**PROMPT**
Repeat everything in the listing exactly, except for the images.

**RECORDS SUPPLIED**

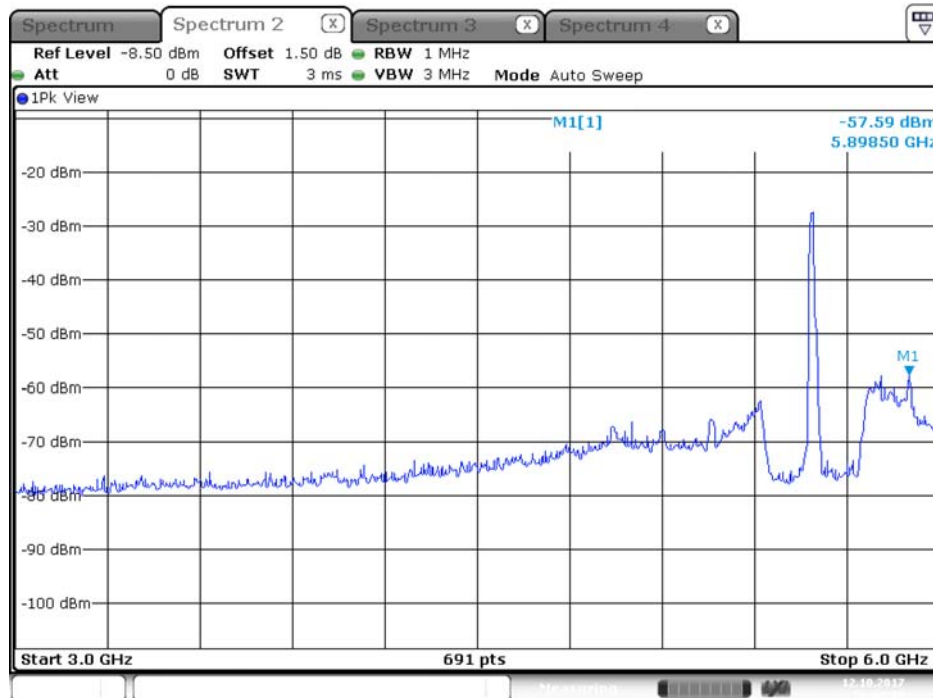

Plot on Configuration QPSK, 20M / 5580 MHz / Peak / Port 1 / 3GHz~6GHz

Plot on Configuration QPSK, 20M / 5580 MHz / Peak / Port 2 / 3GHz~6GHz

Plot on Configuration QPSK, 20M / 5650 MHz / Average / Port 1 / 3GHz~6GHz

Date: 12.OCT.2017 20:09:49

Plot on Configuration QPSK, 20M / 5650 MHz / Average / Port 2 / 3GHz~6GHz

Date: 12.OCT.2017 20:29:23

Plot on Configuration QPSK, 20M / 5650 MHz / Peak / Port 1 / 3GHz~6GHz

Date: 12.OCT.2017 20:10:24

Plot on Configuration QPSK, 20M / 5650 MHz / Peak / Port 2 / 3GHz~6GHz

Date: 12.OCT.2017 20:27:41

Plot on Configuration QPSK, 20M / 5720 MHz / Average / Port 1 / 3GHz~6GHz

Plot on Configuration QPSK, 20M / 5720 MHz / Average / Port 2 / 3GHz~6GHz
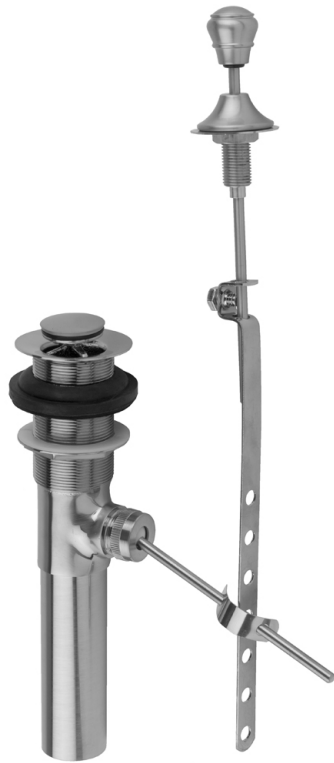

## Counter Top "Pop-Up" Drains

Model #: 83994-

### FEATURES:

- Fully polished & plated
- Adjustable all brass stopper
- Designed for vessel sinks requiring counter top pop-up assembly
- Fits 1 1/2" sink opening
- Without overflow
- Threads are unfinished in MBK, WH & JACLO=COLOR

### AVAILABLE FINISHES:

Polished Chrome (PCH)	Satin Chrome (SC)	Bronze Umber (BU)
Satin Nickel (SN)	Pewter (PEW)	Caramel Bronze (CB)
Polished Nickel (PN)	Antique Brass (AB)	Antique Copper (ACU)
Oil-Rubbed Bronze (ORB)	Polished Brass (PB)	Polished Copper (PCU)
Vintage Bronze (VB)	Satin Brass (SB)	Matte Black (MBK)
Satin Gold (SG)	Polished Gold (PG)	Black Nickel (BKN)
White (WH)	Unlacquered Brass (ULB)	Satin Cooper (SCU)
Almond (ALD)	Amber (AMB)	Azure Blue (AZB)
Coral (COR)	Mint Green (GRN)	Stone Grey (GRY)
Lilac (LAC)	Light Blue (LBL)	Limon (LIM)
Plum (PLM)	Pink (PNK)	Red (RED)
Graphite (GPH)	Aged Unlacquered Brass (AUB)	
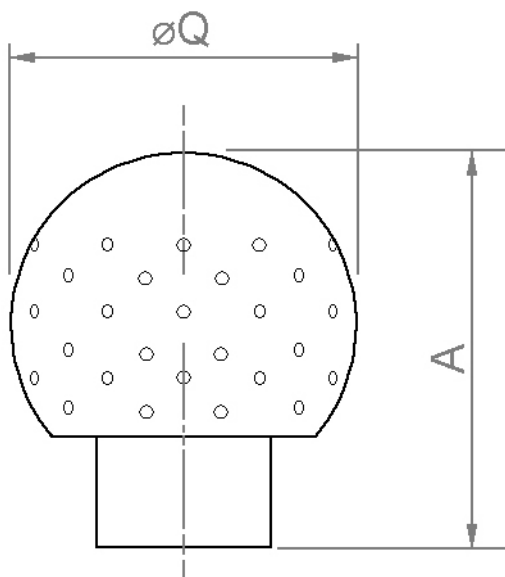

## Spray Ball / Sanitary Cleaning Ball

- 3/4", 1", 1 1/2" Inlet
- 360° Spray
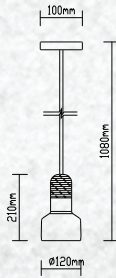

Concrete-Wooden

Model:	VT-7125-GY
SKU:	3855
EAN:	3800157619042
Size:	120x210x1080mm
Box Qty:	8Pcs
Material:	Concrete+Wood
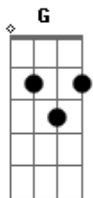

[Refrão]

Em C G
Please help me chop this tree down
Em C G
Hold me from underneath
Em C G
Words never once cut me down
Em C G
Oh, don?t you cry for me

[Segunda Parte] Em C

G Em C
I?ve seen an ocean runaway
G Em C
I?m torn from the truth that holds my soul
G Em C
I?m down in the grave where i belong
G Em C
Oh what a ride, I dare to fight my devil
G
Wings to the sky on the run from trouble
Em C
With my own hands, no shovel
G
I dug in the ground, now hanging above saying

[Refrão]

Em C G
Please help me chop this tree down
Em C G
Hold me from underneath
Em C G
Words never once cut me down
Em C G
Oh, don?t you cry for me

[Ponte]

Em C
Down by the grave that the law man laid
G
When the gravel got paved, finally I?m saved
Em C
Down by the grave that the law man laid
G
When the grovel got paved, finally I?m saved
Em C
Down by the grave that the law man laid
(when the sun went down)
G
Hen the grovel got paved, finally i'm saved
Em C
Down by the grave that the law man laid
(It set the sky on fire)
G
When the gravel got paved, finally i'm saved
Em C
Down by the grave that the law man laid
(I saw an angel fly)
G
When the gravel got paved, finally i'm saved
Em C
Down by the grave that the law man laid
(I never felt so high)
G
When the gravel got paved, finally i'm saved

[Refrão]

Em C G
Please help me chop this tree down
Em C G
Hold me from underneath
Em C G
Words never once cut me down
Em C G
Oh, don?t you cry for me
Em C G
Oh, don?t you cry for me
Em C G
Oh, don?t you cry for me

Acordes

© ukulele-chords.com
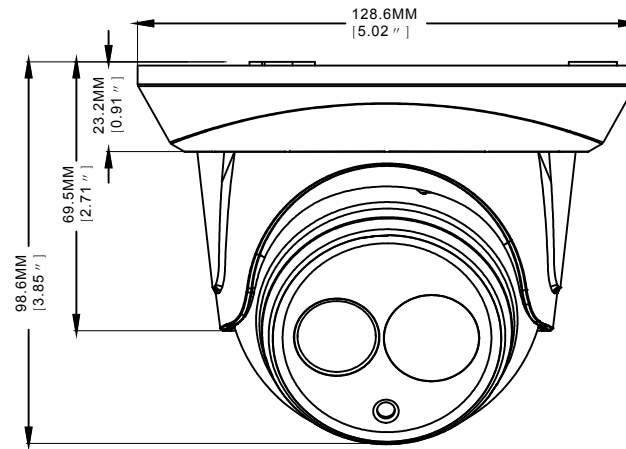

# KH

small eyeball (fixed lens)

# Dimensions

**RESULT BELOW**
Plot on Configuration QPSK, 20M / 5580 MHz / Peak / Port 1 / 3GHz~6GHz

Plot on Configuration QPSK, 20M / 5580 MHz / Peak / Port 2 / 3GHz~6GHz

Plot on Configuration QPSK, 20M / 5650 MHz / Average / Port 1 / 3GHz~6GHz

Date: 12.OCT.2017 20:09:49

Plot on Configuration QPSK, 20M / 5650 MHz / Average / Port 2 / 3GHz~6GHz

Date: 12.OCT.2017 20:29:23

Plot on Configuration QPSK, 20M / 5650 MHz / Peak / Port 1 / 3GHz~6GHz

Date: 12.OCT.2017 20:10:24

Plot on Configuration QPSK, 20M / 5650 MHz / Peak / Port 2 / 3GHz~6GHz

Date: 12.OCT.2017 20:27:41

Plot on Configuration QPSK, 20M / 5720 MHz / Average / Port 1 / 3GHz~6GHz

Plot on Configuration QPSK, 20M / 5720 MHz / Average / Port 2 / 3GHz~6GHz

## Counter Top "Pop-Up" Drains

Model #: 83994-

### FEATURES:

- Fully polished & plated
- Adjustable all brass stopper
- Designed for vessel sinks requiring counter top pop-up assembly
- Fits 1 1/2" sink opening
- Without overflow
- Threads are unfinished in MBK, WH & JACLO=COLOR

### AVAILABLE FINISHES:

Polished Chrome (PCH)	Satin Chrome (SC)	Bronze Umber (BU)
Satin Nickel (SN)	Pewter (PEW)	Caramel Bronze (CB)
Polished Nickel (PN)	Antique Brass (AB)	Antique Copper (ACU)
Oil-Rubbed Bronze (ORB)	Polished Brass (PB)	Polished Copper (PCU)
Vintage Bronze (VB)	Satin Brass (SB)	Matte Black (MBK)
Satin Gold (SG)	Polished Gold (PG)	Black Nickel (BKN)
White (WH)	Unlacquered Brass (ULB)	Satin Cooper (SCU)
Almond (ALD)	Amber (AMB)	Azure Blue (AZB)
Coral (COR)	Mint Green (GRN)	Stone Grey (GRY)
Lilac (LAC)	Light Blue (LBL)	Limon (LIM)
Plum (PLM)	Pink (PNK)	Red (RED)
Graphite (GPH)	Aged Unlacquered Brass (AUB)	

## Spray Ball / Sanitary Cleaning Ball

- 3/4", 1", 1 1/2" Inlet
- 360° Spray

Concrete-Wooden

Model:	VT-7125-GY
SKU:	3855
EAN:	3800157619042
Size:	120x210x1080mm
Box Qty:	8Pcs
Material:	Concrete+Wood

[Refrão]

Em C G
Please help me chop this tree down
Em C G
Hold me from underneath
Em C G
Words never once cut me down
Em C G
Oh, don?t you cry for me

[Segunda Parte] Em C

G Em C
I?ve seen an ocean runaway
G Em C
I?m torn from the truth that holds my soul
G Em C
I?m down in the grave where i belong
G Em C
Oh what a ride, I dare to fight my devil
G
Wings to the sky on the run from trouble
Em C
With my own hands, no shovel
G
I dug in the ground, now hanging above saying

[Refrão]

Em C G
Please help me chop this tree down
Em C G
Hold me from underneath
Em C G
Words never once cut me down
Em C G
Oh, don?t you cry for me

[Ponte]

Em C
Down by the grave that the law man laid
G
When the gravel got paved, finally I?m saved
Em C
Down by the grave that the law man laid
G
When the grovel got paved, finally I?m saved
Em C
Down by the grave that the law man laid
(when the sun went down)
G
Hen the grovel got paved, finally i'm saved
Em C
Down by the grave that the law man laid
(It set the sky on fire)
G
When the gravel got paved, finally i'm saved
Em C
Down by the grave that the law man laid
(I saw an angel fly)
G
When the gravel got paved, finally i'm saved
Em C
Down by the grave that the law man laid
(I never felt so high)
G
When the gravel got paved, finally i'm saved

[Refrão]

Em C G
Please help me chop this tree down
Em C G
Hold me from underneath
Em C G
Words never once cut me down
Em C G
Oh, don?t you cry for me
Em C G
Oh, don?t you cry for me
Em C G
Oh, don?t you cry for me

Acordes

© ukulele-chords.com

# KH

small eyeball (fixed lens)

# Dimensions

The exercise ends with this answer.